The game of ‘shoot the messenger’ is going to be very popular over the next few years, as politicians and bankers seek to cover their own litany of failures and criminality. The expansion phase has been a period when no one cared about the increasingly endemic lies and fraud, because enough people were making money. Almost no one asks the hard questions when things are going well.
Blaming the messenger: Greece’s chief statistician under fire
Greece has won strong endorsements in the past year for shoring up its economic statistics after years of fudging data to conceal its deficits and financial mismanagement, but the man who’s responsible for restoring the country’s reputation is now the target of possible prosecution.
He’s been accused of exaggerating Greece’s deficits in a conspiracy to strengthen the hand of the European Union and the International Monetary Fund.
The ponzi scheme must keep growing or it will collapse, so one must do more of the same or the jig is up. Looking too hard at the actual state of affairs risks destroying the illusion that is all that is left once the system has been almost entirely hollowed out. Mr Georgiou was interested in re-establishing a sound basis for decision-making, but in doing so he was essentially saying that the emperor has no clothes.

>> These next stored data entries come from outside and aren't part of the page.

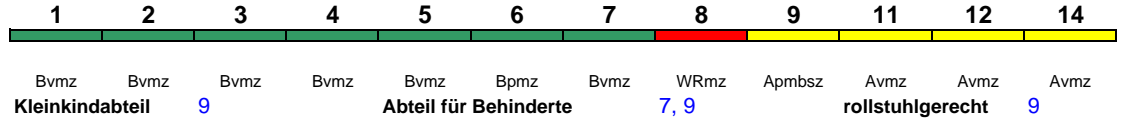

Lounge ---

ICE 1277 Kiel Hbf Zürich HB
280 km/h < Kiel Hbf - Basel SBB
Basel SBB - Zürich HB >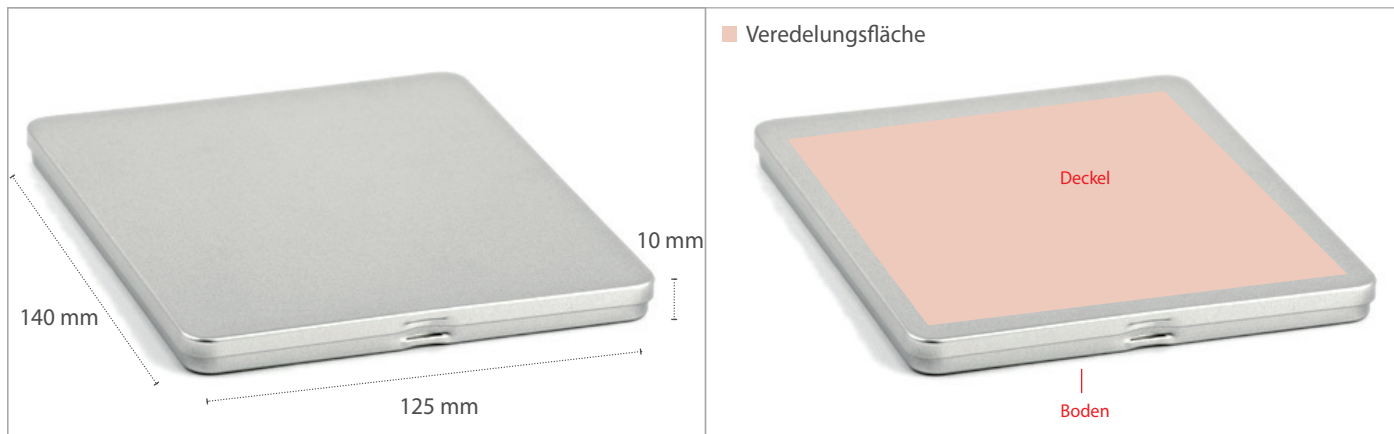

Box2Bon Classic, red [MDT 006] - Produkt Datenblatt

Gutscheinbox

BOX2BON

Box2Bon Classic, red - Maße

veredelbare Flächen

Box2Bon Classic, red - Detailansichten

Box2Bon Classic, red - Eckdaten

Beschreibung	Baugleich der Mediendose [MDE 010], jedoch mit rot beflockter Aufnahme im Scheckkartenformat.									
Artikelnummer	MDT 006									
Maße	140mm x 125mm x 10mm									
Verpackung	100 Stück									
Veredelung *	Aufkleber		Digitaldruck		1C- Druck		Lasergravur		Prägung	
auf dem Deckel	✓		✓		✓		✓		✓	
auf dem Korpus	✗		✗		✗		✗		✗	
auf dem Boden	✓		✓	abhängig vom Druckmotiv	✓		✓		✓	Aufpreis, da Tray entnommen werden muss

Vollflächige Offsetdrucke, extra Sichtfenster, Höhen- und Scharnieranpassungen oder sonstige technische Veränderungen an der Dose können wir im Rahmen einer Sonderproduktion, im Normalfall ab 2.000 Stück, realisieren. Bitte beachten Sie, dass hierzu individuelle Offerten und Lieferzeitabsprechen getätigt werden müssen.

When contraction begins and losses must be shared out, a blame game develops. A major feature is to push both losses and blame into the laps of others wherever possible. Messengers are a prime target. It is as if they created the very situation they warned of, or as if the illusion could have continued forever had they not shed light in dark places.
That fact that these assertions are not true is irrelevant. What matters is what people believe, and people are all too prepared to believe messages that relieve them of any responsibility. The alternative would be to acknowledge their own gullibility in having fallen for, and helped to maintain, the illusion.